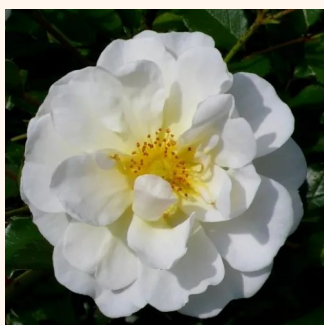

Rosa Magic Blanket

biały - róże okrywowe
60-80 cm
róża ze średnio intensywnym zapachem - słodki
zapach
Hans Jürgen Evers
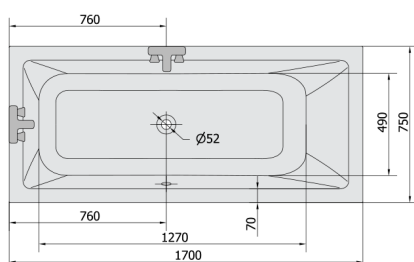

MIMOA wanna z hydromasażem, 170x75x39cm, Active Hydro-Air, chrom

Kod: 71709.2010

Rozmiary

Długość: 1700 mm
Szerokość: 750 mm
Wysokość: 390 mm
Objętość: 221 l

Właściwości

Kolor: Biały
Materiał: Akryl
Gwarancja: 2 lata

Karta techniczna

Electric cable 3x2,5mm²
Lenght 2m from the wall
Elektrický kabel 3x2,5mm²
Délka kabelu ze zdi 2m

Electrical Characteristic:
Tension: 220-230V/50hz
Max. power consumption: 1200W
Electric protection: residual-current device 30mA
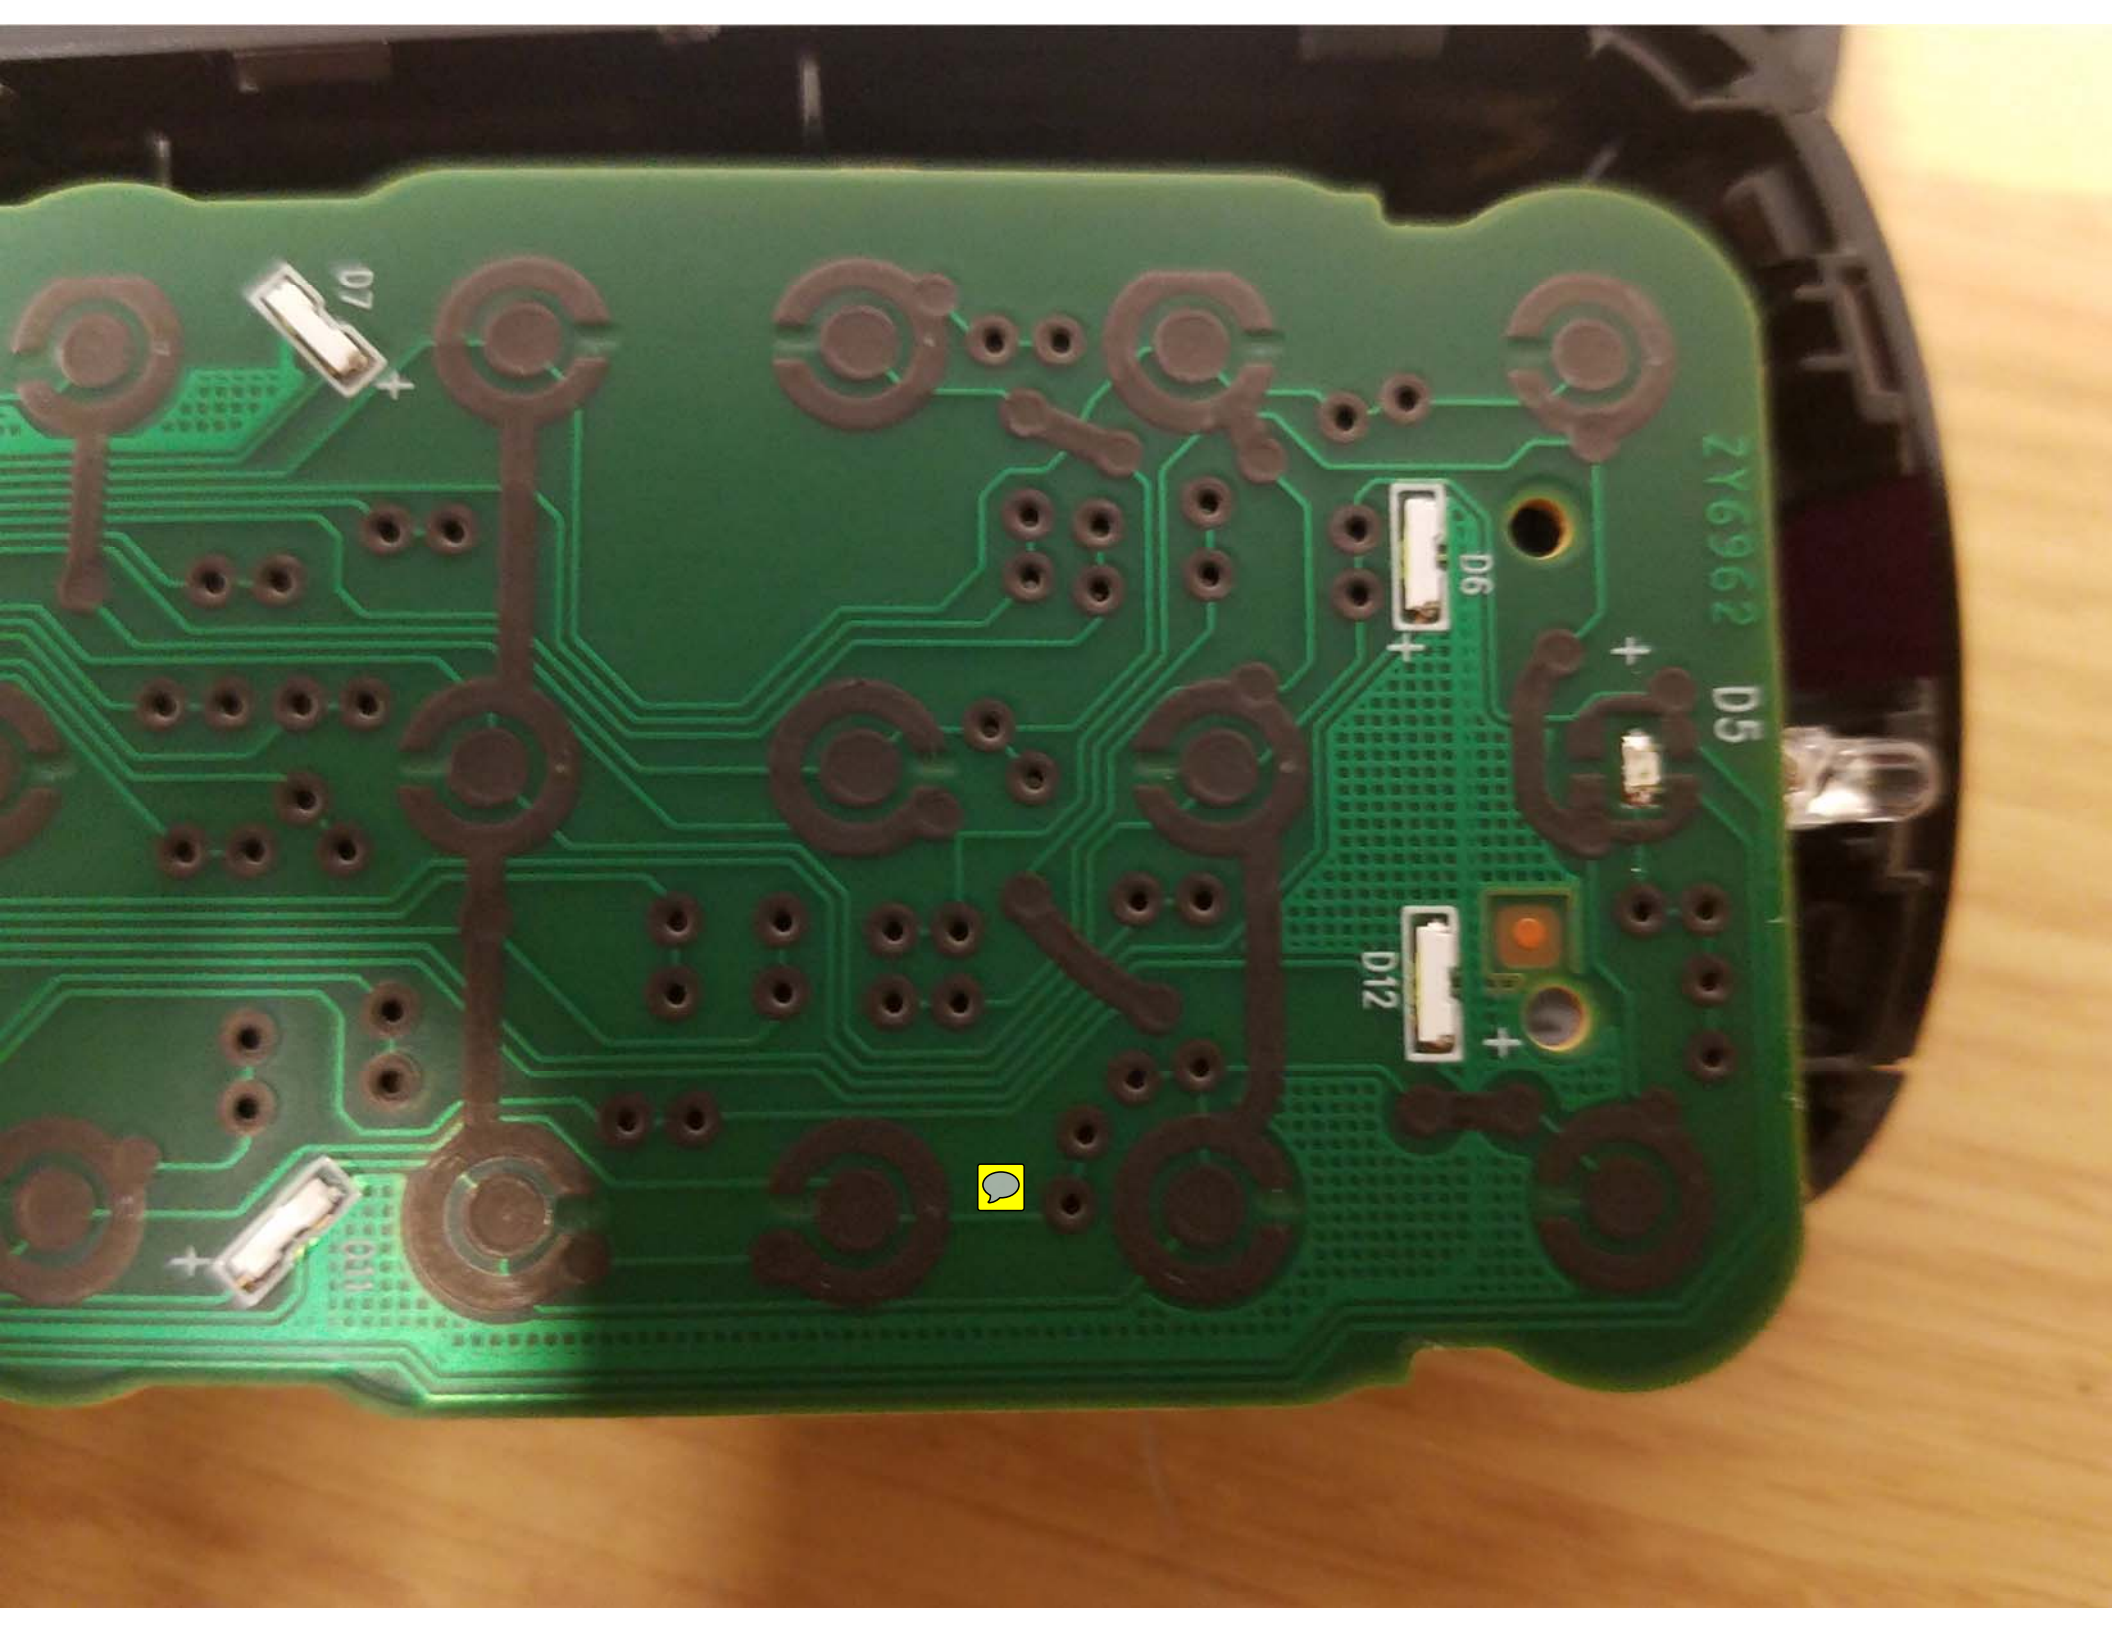

2Y6962

D6

D5

D12

D7

D11

Charter Sp

FCC ID:MG3-R31160
Made in China
Use AA Batteries only
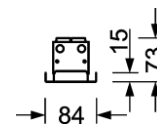

DEEP-LINK

<https://www.regiolum.de/de/article/61583413110>

Allgemeine Garantiebedingungen: <https://www.regiolum.de/de/Service/Garantie> / General warranty conditions: <https://www.regiolum.de/en/Service/Warranty>

Regiolum GmbH - www.regiolum.de - Änderungen vorbehalten / Subject to changes - Version 04/26
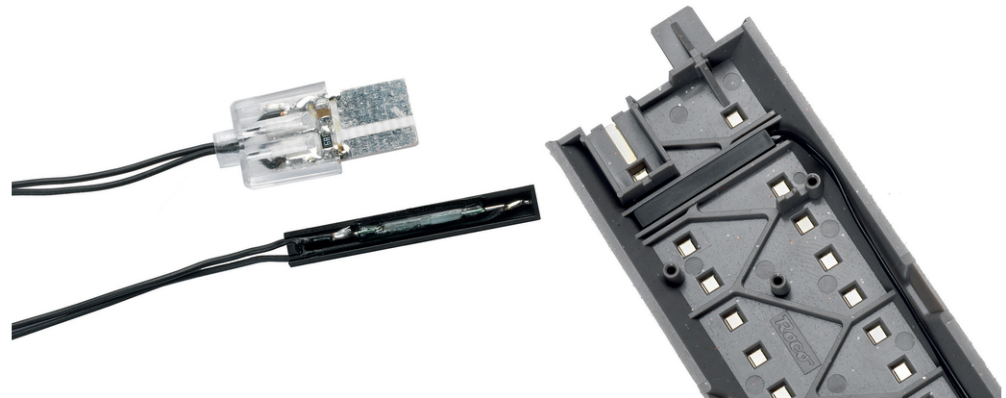

Contatto Reed in custodia in plastica per binari geoLine

N. art.: 61193

=

€10,40

Con eliminazione dei disturbi per evitare i picchi di tensione e con protezione del buffer. Con tutti i binari geoLine, questo accessorio può essere montato nei luoghi ad esso dedicati. Funzionamento con magnete 42256. Può anche essere utilizzato come contatto momentaneo di retroazione con il modulo di retroazione 10787 o il rilevatore 10808.
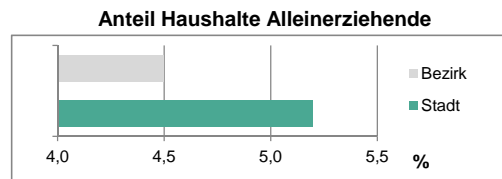

Statistischer Bezirk: 09 Atzenhof, Burgfarrnbach

Haushalte	Bezirk		Stadt	
	Zahl	%	Zahl	%
Alleinerziehende	164	4,5		5,2
sonstige Haushalte	3 463	95,5		94,8
zusammen	3 627	100,0		100,0

Stand: 31.12.2012

Wohngebäude	Bezirk		Stadt	
	Zahl	%	Zahl	%
Ein- und Zweifamilienhäuser	1 222	65,5		65,8
Mehrfamilienhäuser (MFH) mit 3-9 Wohnungen	433	23,2		22,8
Mehrfamilienhäuser mit 10 und mehr Wohnungen	210	11,3		11,3
zusammen	1 864	100,0		100,0

Stand: 31.12.2012
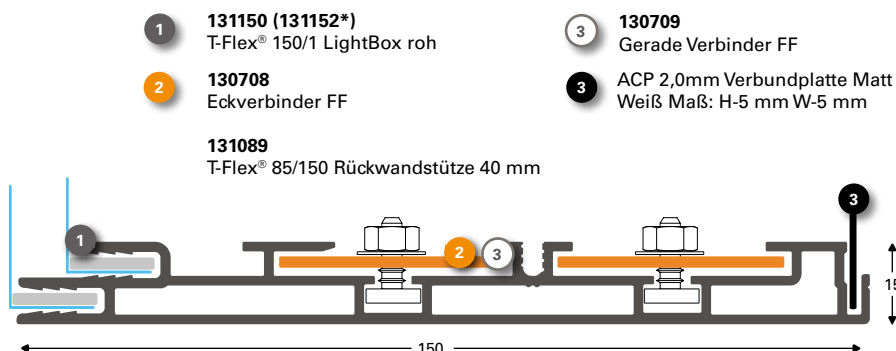

T-Flex® 150/1
Einseitig

1. 1 **131150 (131152*)**
     T-Flex® 150/1 LightBox roh
   - 2 **130708**
     Eckverbinder FF
   - 3 **130709**
     Gerade Verbinder FF
   - 3 **ACP 2,0mm Verbundplatte Matt Weiß**
     Maß: H-5 mm W-5 mm
2. **131089**
   T-Flex® 85/150 Rückwandstütze 40 mm
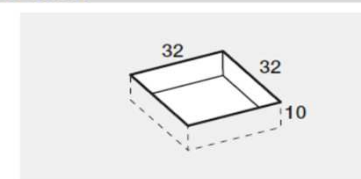

PREINSTALLAZIONE SCARICO ONDA

**DISENIA** **IDEA GROUP**

Articolo  
**KUBO70120TP**  
Peso  
50 Kg

Descrizione  
Piatto doccia H. 2,5 tutta pendenza 70 x 120 cm  
Volume  
0,09 Mq  
Materiale  
AQUATEK

QUESTO DISEGNO E' DI PROPRIETA' ESCLUSIVA DELLA DISENIA PROTETTO DALLE VIGENTI LEGGI, NON PUO' ESSERE RIPRODOTTO O CEDUTO A TERZI SENZA AUTORIZZAZIONE SCRITTA DELLA STESSA.
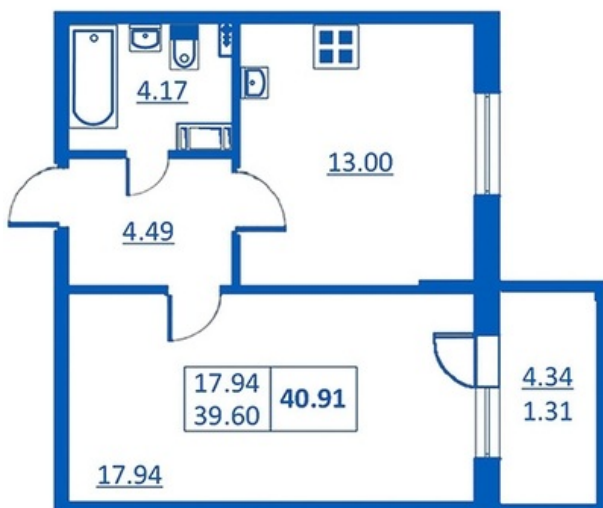

Номер 32 Корпус 5.2

Этаж	4
Общая площадь	40.91 м²
Жилая площадь	17.94 м²
Кухня	13.00 м²
Балкон	4.34 м²
Цена	
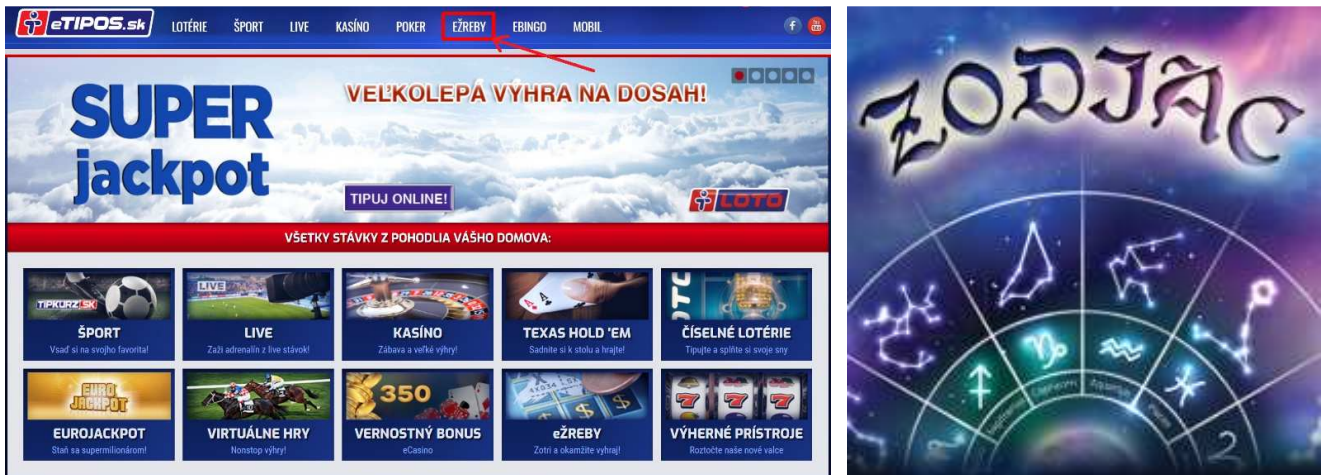

Vzor žrebu so zakrytým hracím poľom:

Vzor výherného žrebu s odkrytým hracím poľom:

Popis návodu na hranie

Hráč si na www.etipos.sk, v sekcii Ežreby, zvolí pre hru elektronickú žrebovú emisiu ZODIAC. Podmienkou hrania za peniaze je komplexné a aktivované hráčske konto, navýšené o minimálnu sumu pre kúpu 1 ežrebu (3,00 €). Hráč môže elektronickú žrebovú emisiu vyskúšať aj v režime pre zábavu, ako neprihlásený klient, bez použitia finančných prostriedkov.
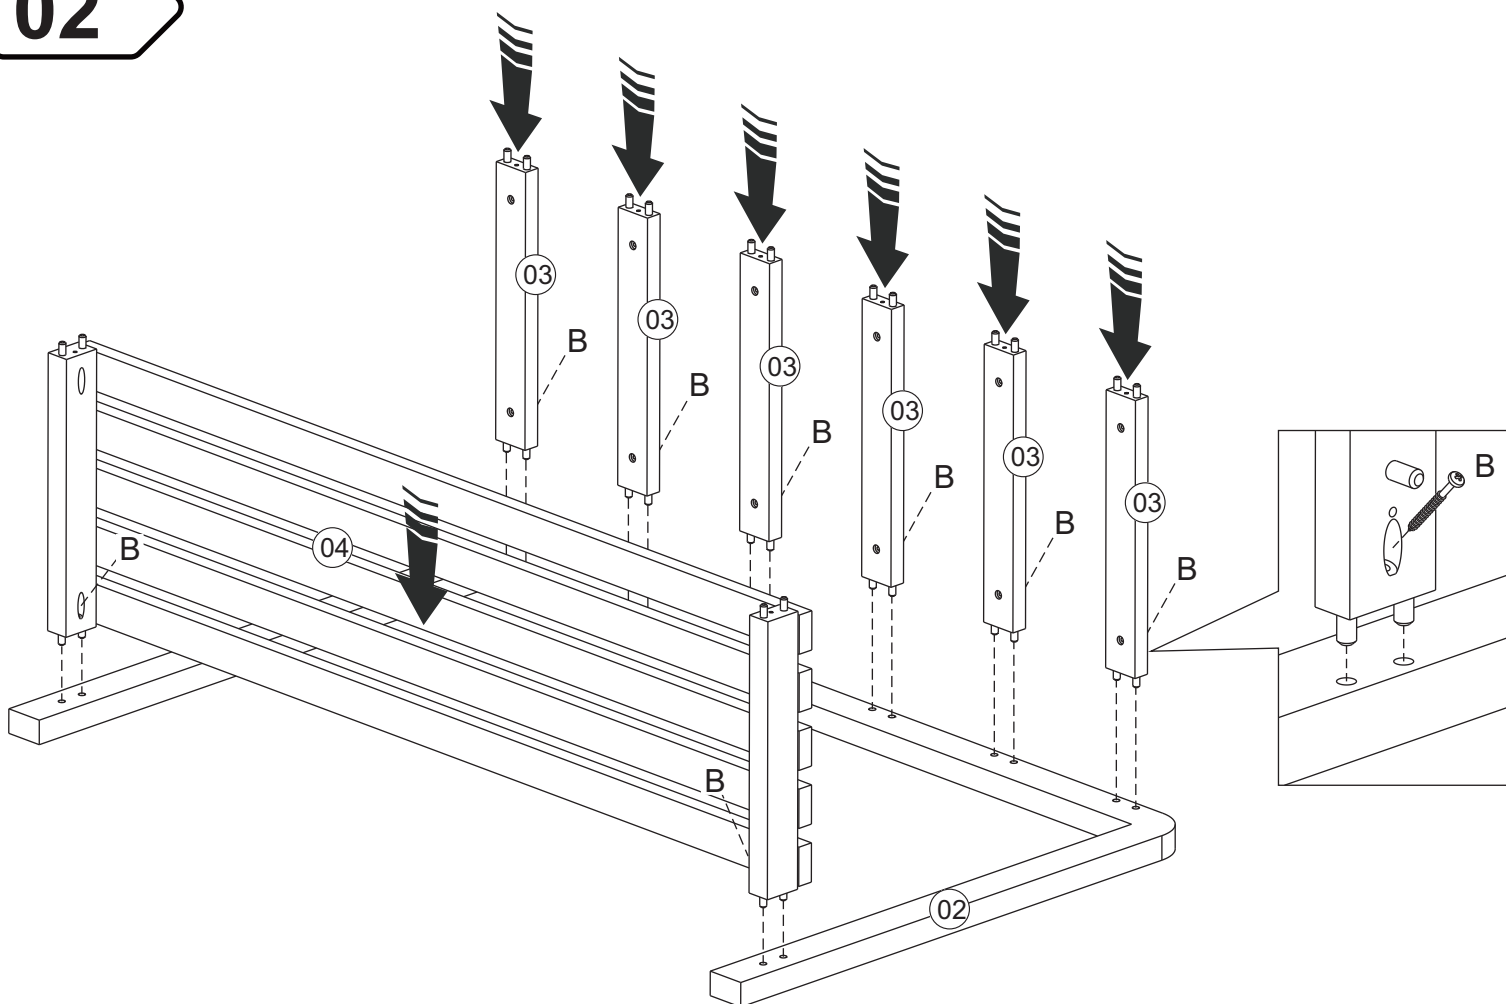

# NATU

APARADOR

<b>A</b>	 Ø8,0x30mm	<b>44</b>
<b>B</b>	 Ø3,5x35mm	<b>28</b>
<b>C</b>	 Feltro	<b>04</b>
<b>D</b>		<b>01</b>

01

A

Ø8,0x30mm

44

02

B

Ø3,5x35mm

08

03

B

08

Ø3,5x35mm

04

B

12

Ø3,5x35mm

C

04

Feltro

05

D
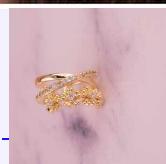

Material: Cover gold y micro circones

SKU:E229

Lo compras en: $9,600

Lo vendes en: $19,200

EAR CUFF CAMELIA DORADO REF: E115

Material: Cover gold y micro circones

SKU:E115

Lo compras en: $8,600

Lo vendes en: $17,200
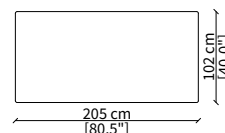

cod. 12737

Elemento 102x205 cm / Element 102x205 cm
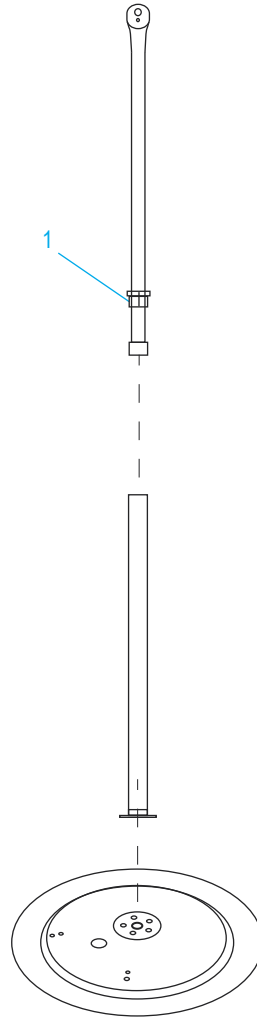

ULINE H-1408

**VENTILATEUR OSCILLANT
SUR PIED - 76,2 CM (30 PO)**

1-800-295-5510
uline.ca

ENSEMBLE DU PIED

#	DESCRIPTION	QTÉ	RÉF. ULINE	RÉF. DU FABRICANT
1	Collet de verrouillage en métal	1	H-989-COLLAR	44234001
	Trousse de matériel pour pied du ventilateur (non illustrée)	1	-----	43904002
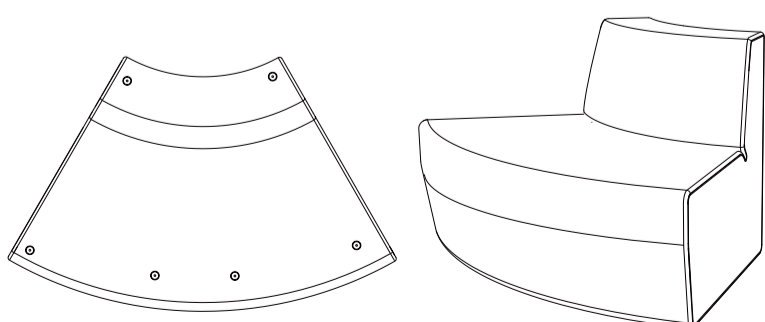

### Dimensions

Frame : plywood , solid wood & foam

Modo sofa 1S

W700 D820 H740

Modo sofa 1SA

W850 D845 H1115

Modo sofa 2S

W1180 D820 H1160

Modo sofa 2SA

W1950 D845 H1115

Modo sofa SR1

W1357-570 H740

Modo sofa SR2

W570-1357 H740

Modo sofa 2SL

W1350-2000 D820 H740

Modo sofa 1SL1

W875-1200 D820 H740

Modo sofa 1SL2

W875-1200 D820 H740

Modo sofa 1SH

W820 D820 H410

Modo sofa 2SH

W1400 D820 H410

Modo sofa Armrest

W50 D17 H16

Fabric Selection

- A = ALL
- B = seat/plinth
- C = back rest
- D = sides
- E = outer back

area	upholstery
<b>A</b> ALL	
<b>B</b> seat / plinth	
<b>C</b> back rest	
<b>D</b> sides	
<b>E</b> outer back

○ ○ ○

PROBLEM TO SOLVE. Every line from the start of the material through the line holding "<https://www.regiolum.de/de/article/61583413110>" must be returned exactly, and the pictures must not.

RESULT OF THIS TASK.
Rosa Magic Blanket

biały - róże okrywowe
60-80 cm
róża ze średnio intensywnym zapachem - słodki
zapach
Hans Jürgen Evers

MIMOA wanna z hydromasażem, 170x75x39cm, Active Hydro-Air, chrom

Kod: 71709.2010

Rozmiary

Długość: 1700 mm
Szerokość: 750 mm
Wysokość: 390 mm
Objętość: 221 l

Właściwości

Kolor: Biały
Materiał: Akryl
Gwarancja: 2 lata

Karta techniczna

Electric cable 3x2,5mm²
Lenght 2m from the wall
Elektrický kabel 3x2,5mm²
Délka kabelu ze zdi 2m

Electrical Characteristic:
Tension: 220-230V/50hz
Max. power consumption: 1200W
Electric protection: residual-current device 30mA

2Y6962

D6

D5

D12

D7

D11

Charter Sp

FCC ID:MG3-R31160
Made in China
Use AA Batteries only

DEEP-LINK

<https://www.regiolum.de/de/article/61583413110>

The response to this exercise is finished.